C has its roots in typeless languages, but it has come a long long way from its humble beginnings.

C起源于无类型语言,从简陋的开端起已经走过了很长很长的一段路。


Back in the 1980s before the ANSI C Standard and function prototypes, there were occasional flame wars in the comp.lang.c newsgroup over the C type system. The wars would start when Pascal proponents would berate C for lacking strict type checking. Out of pure contrariness, the C camp would sometimes disingenuously argue against type checking in general: "C doesn't need strong typing because C programs only use three types: int, char, and pointer to char," wrote one poster.
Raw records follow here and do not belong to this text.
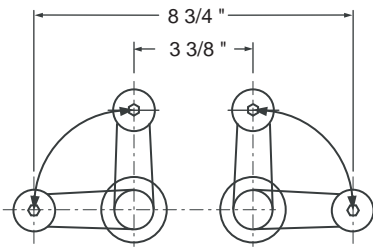

F6-0015 Tub Faucet

ASSEMBLY DIAGRAM

F6-0015 Tub Faucet

SPECIFICATION SHEET

WATER CREATION

Swivel Connectors Range of Motion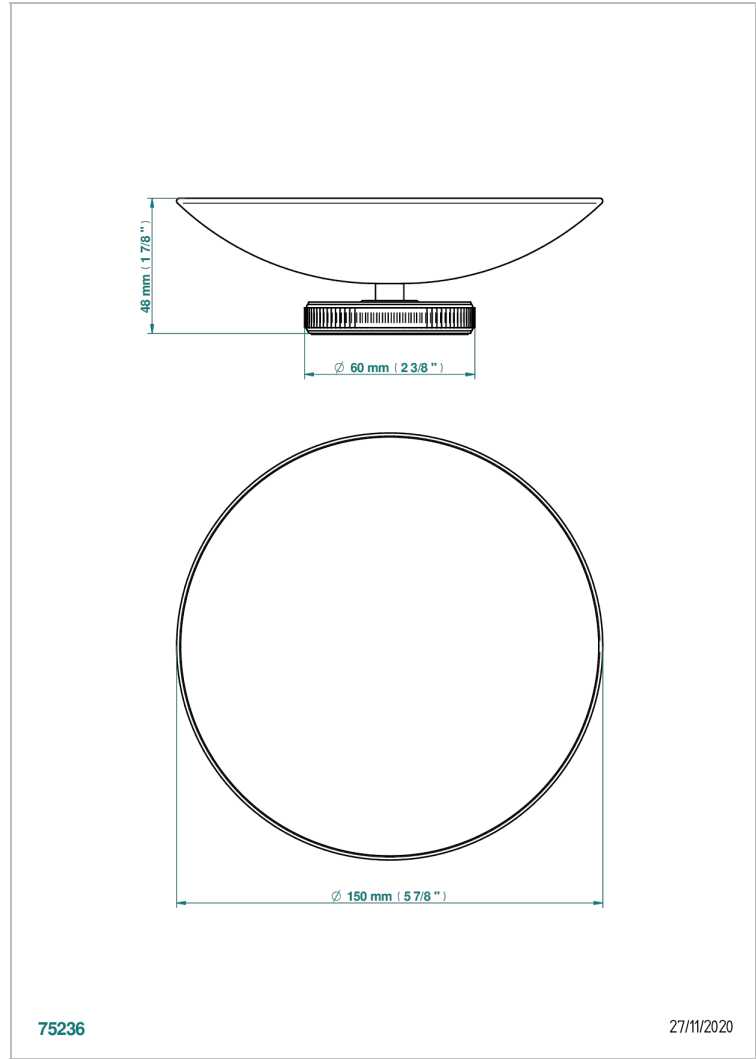

HIRONDELLES - GOLD STAMPED

A4L-544GM

Soap dish, freestanding , 6" diameter

THG[®]
PARIS

CHARACTERISTIC

- Hironnelles - Gold stamped
- Soap dish, freestanding , 6" diameter

AVAILABLE FINITIONS

Blush PVD - H62
Brass color PVD - H49
Brown bronze color PVD - F33
Chrome polished - A02
Copper antique matt, coated - H07
Gold color PVD - H52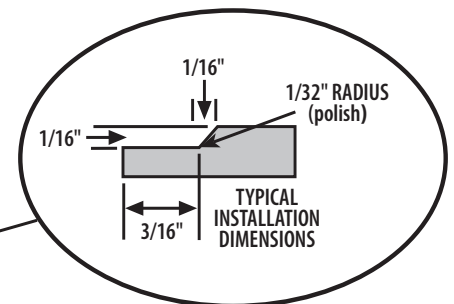

SIDE VIEW

LEGEND

A..... SELF-RIMMING BOWL
B..... CONCEALED BOWL CLAMP [18" W x 3-5/8" D x 1/2"H]
C..... BUBBLER
D..... 3/8" MPT WATER IN
E..... 1-1/4" O.D. TAILPIECE

MOUNTING

Bowl to be supplied with adjustable concealed mounting clamp and 1-1/4" O.D. tail piece. Cut out for bowl to be 1/2" less than bowl diameter.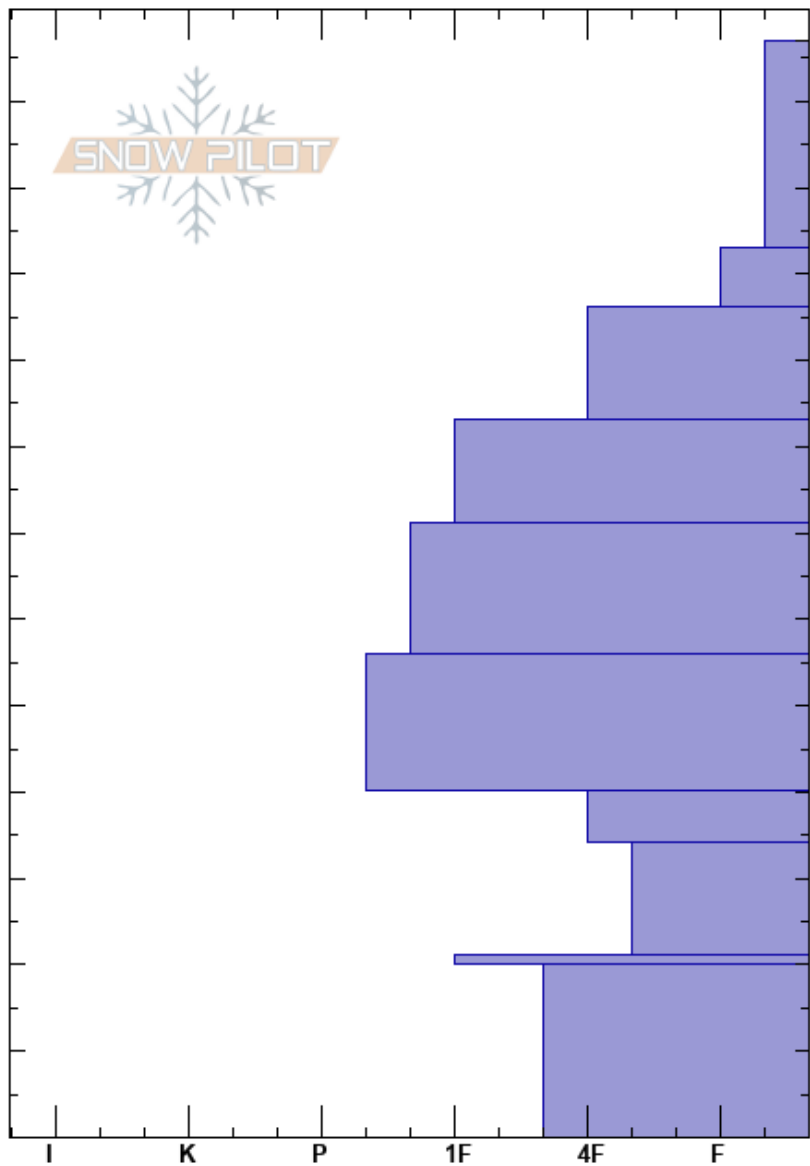

Motor Hill  
 Lionhead Range  
 MT  
 Elevation: 8700 ft  
 Aspect: 110°  
 Specifics:

Doug Chabot-Admin  
 01/23/2018 - 11:20am  
 Co-ord: 44.73758N, -111.31294W  
 Slope Angle: 32°  
 Wind Loading: no

Stability: Good HS:127 Layer Notes:  
 Air Temperature: -7°C  
 Sky Cover: BKN  
 Precipitation: NO  
 Wind: Calm

Crystal Form	Crystal Size	Moisture	$\rho$ kg/m <sup>3</sup>	Stability tests & Layer comments
+				
/				← CT3, Q3 @103cm
/				
•				
•				
•				
⊖				
⊖				
■				← CT18, Q3 @21cm
⊖

This exaggeration has some humor to it because it has some truth to it as well. In much of C programming, particularly systems programming, integers of different sizes are the fundamental data type. Sure, you have arrays of them and structures of them; sometimes they represent numbers and sometimes they represent characters, but almost everything is some type of integer. The primary data type for SNOBOL is the string; for FORTRAN, the floating-point number; and for C, it is the int.

That is not to say that C99 does not have significant new floating-point features, because it does. However, to many C programmers, the integer is still king, and this month and the next I will cover the new integer features of C99.
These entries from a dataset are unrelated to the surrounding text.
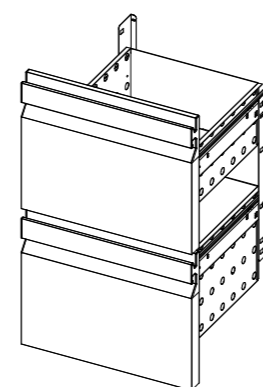

KIT CAJONES 1/2
DRAWERS KIT 1/2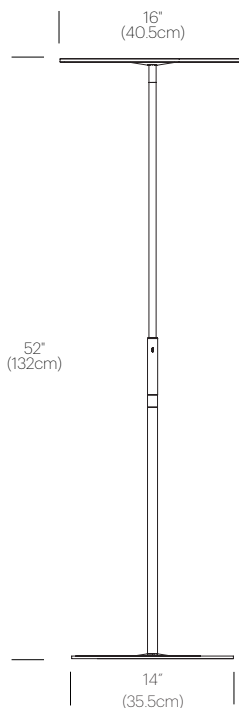

Optical Switch (4-stage control. 100%, 50%, 15%, off)

FEATURES

- 360° shade rotation
- 45° shade tilt in two directions
- USB charging port
- Ships flat-packed

SPECIFICATIONS

- Voltage: 120/220V 60Hz
- Power Consumption: 8.5W
- Color temperature: 2700K
- Luminosity: 380 Lumens
- Luminaire efficacy: 45 Lumens/Watt
- Color Rendition Index: 85 CRI
- ADA compliant
- Title 20 compliant
- 50K hour lifespan
- Cord length: 8' (244cm)
- Global multi-plug adapter available
- 1 year warranty

CERTIFICATIONS

PACKAGING WEIGHT AND DIMENSIONS

Circa Table :	8.45LBS 15" X 14" X 4"
	3.8KGS 38cm X 36cm X 10cm

NOTES

Custom requests can be considered on volume orders

FINISHES

DIMENSIONS

CIRCA TABLE

CERTIFICATIONS

PACKAGING WEIGHT AND DIMENSIONS

Circa Floor:	21.9LBS	29" X 18" X 3.5"
	9.9KGS	74cm X 46cm X 9cm
Circa Floor Pedestal:	2.85LBS	11" X 11" X 3"
	1.3KGS	28cm X 28cm X 8cm

NOTES

Custom requests can be considered on volume orders

FINISHES

WHITE

GRAPHITE

DIMENSIONS

CIRCA FLOOR

CIRCA FLOOR+PEDESTAL

CIRCA WALL

DESCRIPTION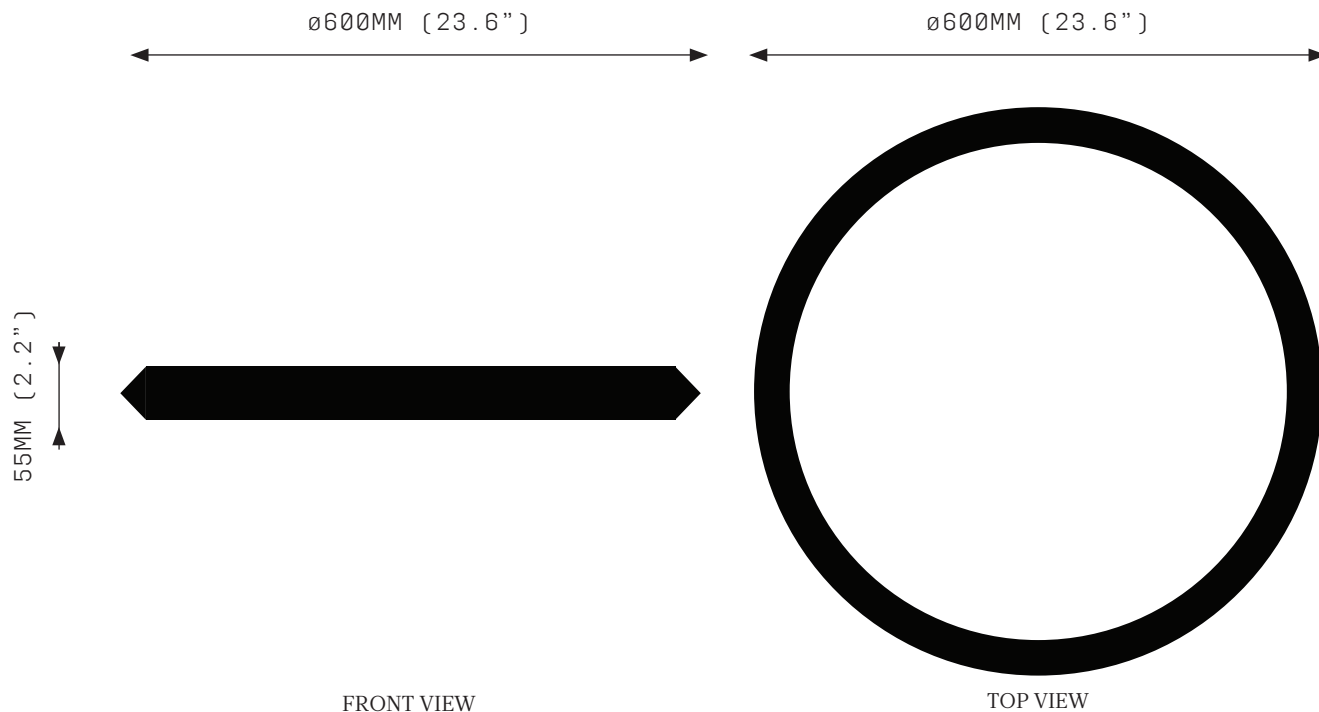

ORACLE SINGLE 600

SPECIFICATIONS

Ordering Code:
OR.1.600

Lamp:
24V LED WW 2700K

Lumens:
2781 LM

Voltage:
24V DC

Watts:
36W

Weight:
Approx. 4.5 kg*
*Exclusive of canopy

Inclusions:
Power Supply Unit x 60W

Exclusions:
User Interface, Dimmer Unit

PRODUCT OPTIONS

Finishes:
AB Aged Brass
BB Brushed Brass
HRB Hand Rubbed Brass
DB Dark Bronze
MP Mottled Patina

Suspension:
A-CAB Angled Cable
V-CAB Vertical Cable

Canopy: *
RFM Round Flush Medium
RFL Round Flush Large
RSM Round Surface Medium
RSL Round Surface Large

*Also available with Magical Suspension
*Refer to Canopy Specification Guide

WARRANTY

3 Years Fixture
3 Years Power Supply Unit
3 Years LED

Oracle is a solid fixture that will require very little maintenance over the years.

If your Oracle is treated with care, it will shine brightly for many years to come.

Contact us for custom variations.

Installation should only be undertaken by a qualified professional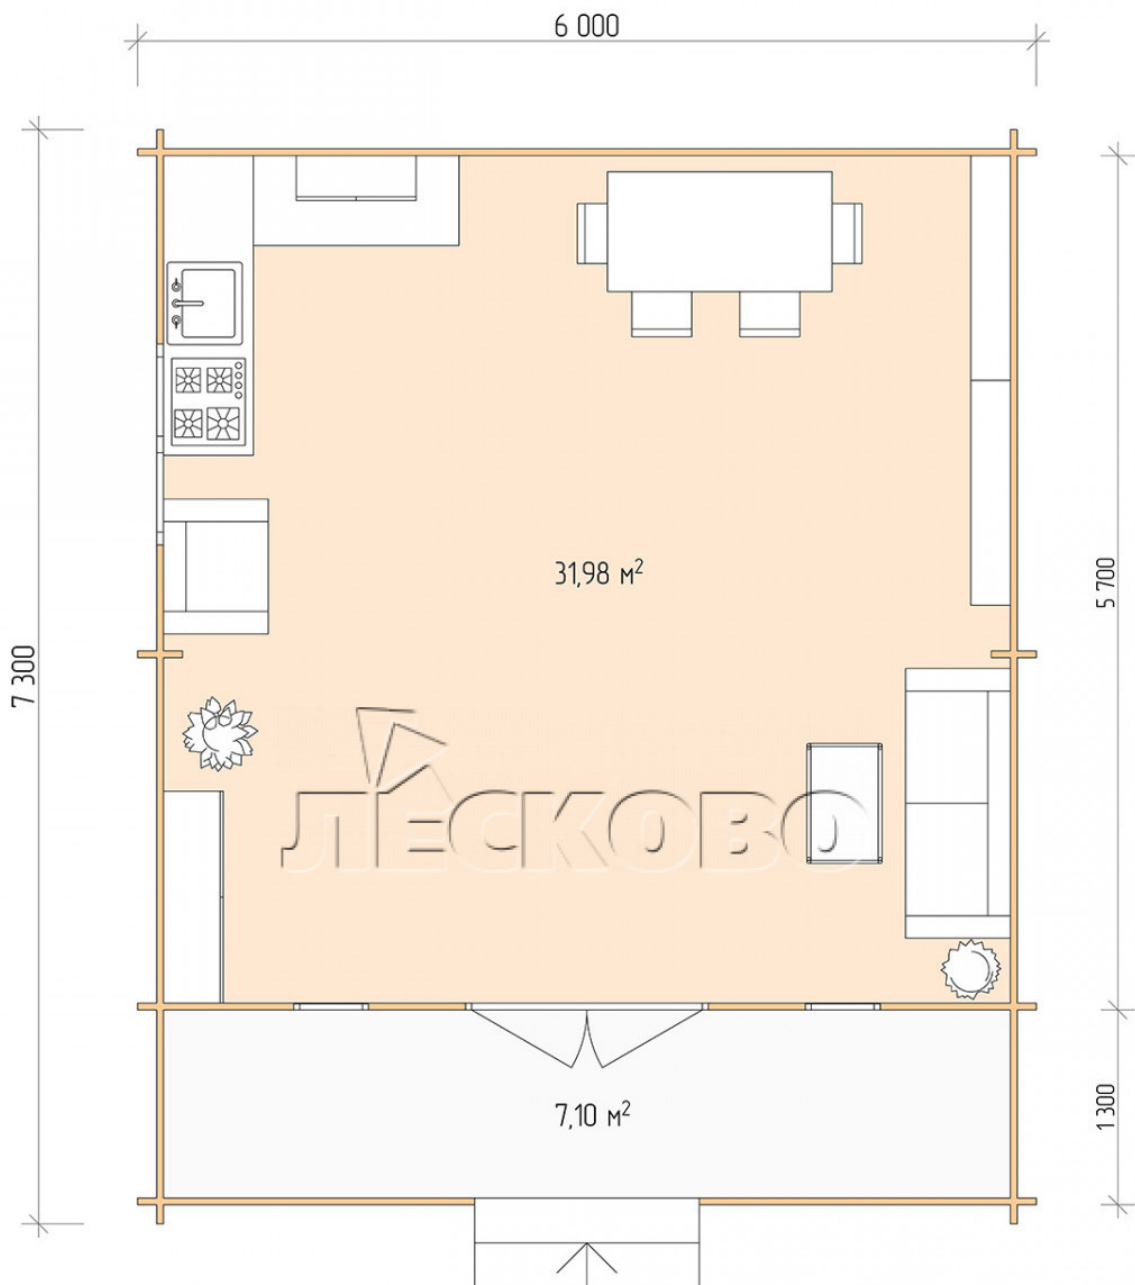

Log Cabin "DSK" series 6×6

Project Dimensions

6 × 6 / 40 m²

Full house set

5,978 €

Timber

45 mm

65 mm
+ 1,279 €

Project planning

Разрез

House Kit

- Wall kit: 44 × 145mm mini-chamber drying chamber with bowls for the project. The material of the tree is spruce, pine (GOST 8486). Humidity 12-14%. The height of the walls is 2.16 m;
- Logs, lower harness: board 45 × 145 mm chamber drying 10-12%;
- Floors: floorboard 35 mm, Chamber drying;
- Ceiling: imitation of a bar 20 × 135 mm, Chamber drying;
- Wooden windows, glass 4 mm, Single. Treatment with a colorless antiseptic. Hardware;

0.42×1.885 м.2 шт.

1.34×0.91 м.1 шт.

- Wooden doors;

1.62×1.885 м.1 шт.

7. Platbands: dry planed board 20 × 100 mm;

8. Roof: shingles.

9. Skirting board 35 mm.

+7 (4942) 499-770

    早在ANSI C标准和函数原型以前的20世纪80年代,在comp.lang.c新闻组上偶尔就有针对C语言类型系统(type system)激烈的争论。当Pascal支持者痛斥C缺少严格的类型检查时,争论就开始了。出于纯粹的作对,C阵营有时候会口是心非的反驳,通常是这样的:“C语言不需要强类型,因为C程序员只使用三种类型:intchar和指向 char 的指针”,一个回复者写道。


    该夸大之词有些幽默,因为它有一些道理。在许多C语言编程中,特别是系统编程中,不同大小的整型是基本的数据类型。当然,你也拥有由它们组成的结构和数组;有时候它们代表数字,有时它们代表字符,但是几乎所有东西都是某种类型的整型。SNOBOL的主要数据类型是字符串;对FORTRAN来说,是浮点数;对C来说,是 int

    这并不是说,C99没有重要的新浮点特性,因为它确实有。然而,对许多C程序员来说,整型依然是王者,这个月以及下一个月我将会涵盖C99中新的整型特性。

No Longer the Default

C grew out of the typeless languages BCPL and B, and for a brief time was a typeless language itself [1]. It is not that those languages had no types; it is more accurate to say that they had one type, the machine word, which most operators treated as an int. Needless to say, declarations in those languages did not need to include a type specifier since there was only one (unnamed) type available. When Dennis Ritchie first added types to C, there were only two: int and char. I do not know if it was a nod to C's roots as a typeless language, or the popularity of int, or C's notable brevity, but C from its beginnings, until changed by C99, made int the default data type. If you declared an object or function and did not specify a type, or you implicitly declared a function by just calling it, the default type was int.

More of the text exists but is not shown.